REQUIRED WORK >> From the entries below, gather every line containing the string "Total".

Data records >>

*** Block opens ***

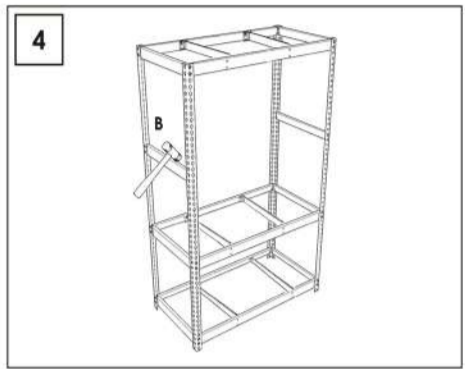

On-line instructions: www.instructionsrack.com/simontaller

www.simonrack.com • www.simonrack.com • www.simonrack.com • www.simonrack.com
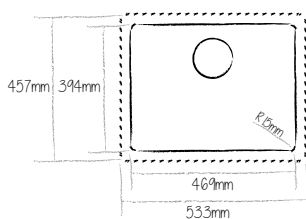

ACCESSORY OPTIONS

Universal wooden
chopping board
CCB2

Chrome basket
CMBB3CH

Basket strainer waste
decorative cover
CWC2

↔ DIMENSIONS

Bowl depth
205mm
Min. base unit
600mm
Undermount cut-out size
479 x 403mm
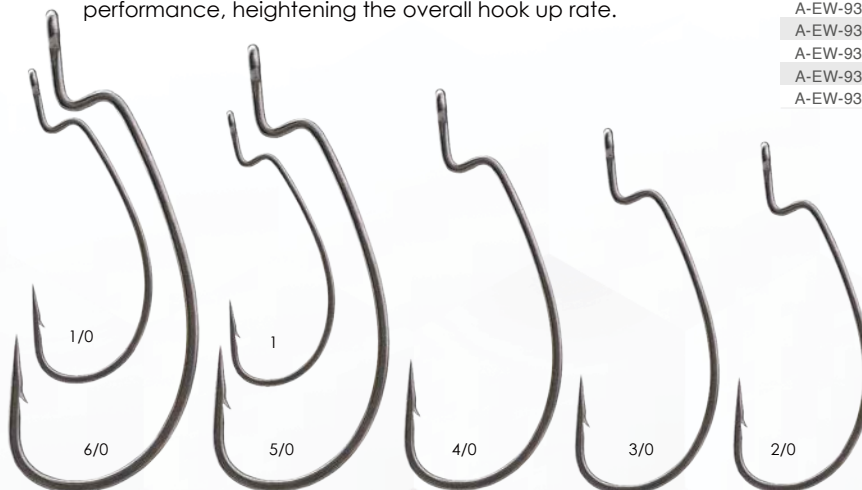

14/0

16/0

18/0

CHIMERA

The BKK Chimera is designed for Texas rigging creature-like soft baits. The hook features BKK's Super Slide coating and a needle-sharp hook point that boost the penetration performance, heightening the overall hook up rate.
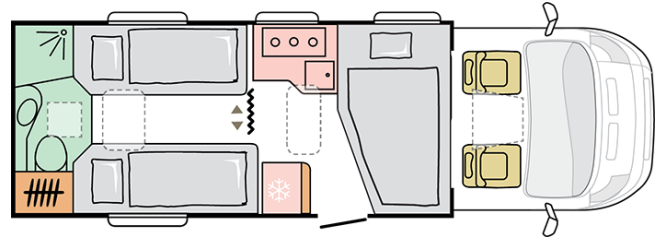

CORAL SUPREME
670 SLT

CORAL SUPREME 670 SLT

Body length (mm)

7485

Total height (mm)

2905

Nr. of seats

5

Total width (mm)

2299

Nr. of berths

3

B. DIMENSIONS AND WEIGHTS

Internal height (mm)	2030/1980
Total height (mm)	2905
Body length (mm)	7485
Total width (mm)	2299
Wheel base (mm)	4035
Nr. of homologated seats incl. driver's seat	5
Maximum authorized weight (kg)	3500
Maximum towing weight (kg)	2000

*** Block closes ***

SOLUTION TO THIS EXERCISE >>
Total height (mm)
Total width (mm)
Total height (mm)	2905
Total width (mm)	2299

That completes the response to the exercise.